Early in the seventeenth century, indeed just at the time when the Galileo case was most prominent at Rome, Father Athanasius Kircher was summoned to Rome and began his scientific work there, which included contributions to every department of physical and even some of the biological sciences. For some five years about the middle of the seventeenth century Father Kircher devoted himself to astronomy and the result was the publication, in 1656, of an astronomical treatise called Iter Celeste. A second volume on astronomy appeared in 1660. Anyone who is inclined to think that these contributions of the great professor of science at the Roman College were only reviews of the passing scientific opinions of the time, is not fully acquainted with Father Kircher's work. He never failed to illuminate anything that he set himself to study. His book on astronomy is of course a text-book, but it is magnificently illustrated; it is a very large work which shows the author's familiarity with the scientific literature of the time, but at the same time reveals his own scientific genius. Father Kircher was encouraged in every way by the Popes and high ecclesiastics of Rome and by his own Order, and his great text-books are among the bibliographic treasures of the history of science. Some idea of [{478}] his industry may be gathered from the fact that he wrote altogether some forty volumes folio on scientific subjects. He made many original observations, invented a number of valuable scientific instruments that are still in use, among others the vernier and magic lantern, and was productively occupied with nearly every branch of science in his time.

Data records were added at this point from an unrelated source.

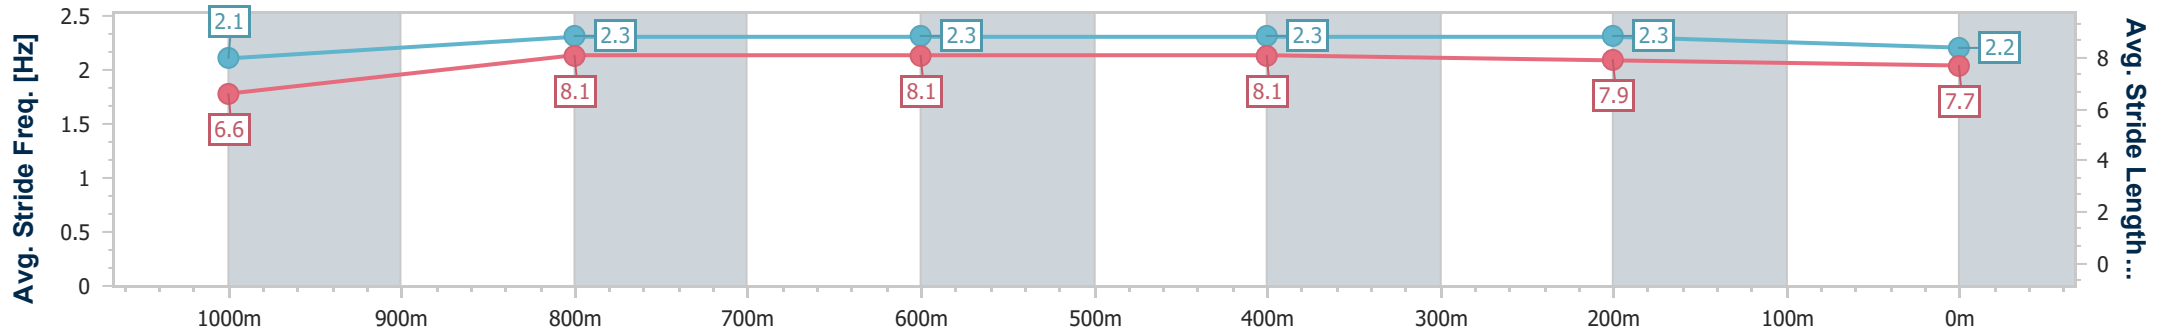

Eagle Farm QLD Professional

Race 8: MAGIC MILLIONS FALVELON - LISTED - 1200m

23 December 2023 - 16:33

Track Rating: Good 4, Weather: Fine, Rail Position: +4m Entire

BRISBANE RACING CLUB

Section	Overall	1000m	800m	600m	400m	200m
Section Times	1:09.74 [8] (0:14.27)	0:55.47 [11] (0:10.95)	0:44.52 [12] (0:10.90)	0:33.62 [12] (0:10.95)	0:22.67 [12] (0:10.88)	0:11.79 [12] (0:11.79)
Average Speed [km/h]	50.4	66.9	66.2	65.6	66.0	61.1
Top Speed [km/h]	66.4	67.9	66.7	66.8	67.3	64.2
Avg. Dist. to Rail [m]	6.8	2.5	0.7	0.7	2.8	3.9
Avg. Stride Freq. [Hz]	2.1	2.3	2.3	2.3	2.3	2.2
Avg. Stride Length [m]	6.6	8.1	8.1	8.1	7.9	7.7

- [ ] Ranking at each section and finish
- .-.- No data available at this section
- NA No data available

Horse/Jockey Name	Ef Troop
Final Rank	9
Fastest Section Time (Section)	0:10.93 (1000m)
Top Speed [km/h] (Section)	68.0 (1000m)
Race State	Finished

During the eighteenth century, before the suppression of the Jesuits, another distinguished mathematician and astronomer, famous throughout Europe, was working at the Roman College. This was Father Boscovitch, to whom we owe the plans for the erection of an observatory above the great pillars of the Church of the Gesu at Rome, which were not destined to be executed until the middle of the nineteenth century. Boscovitch is famous for a series of important works in mathematics and astronomy. He wrote books on Sun Spots, the Transit of Mercury, the Aurora Borealis, the Figure of the Earth, the Various Effects of Gravity, the Aberration of the Fixed Stars, and other astronomical problems. Pope Benedict XIV commissioned him and his brother Jesuit, Father Le Maire, to carry out several precise meridian arc measurements. He is the inventor of the rock crystal prismatic micrometer, the ring micrometer. After the suppression of the Jesuits Father Boscovitch was made Director of Optics for the Marine, a post created for him in order to secure his services for France.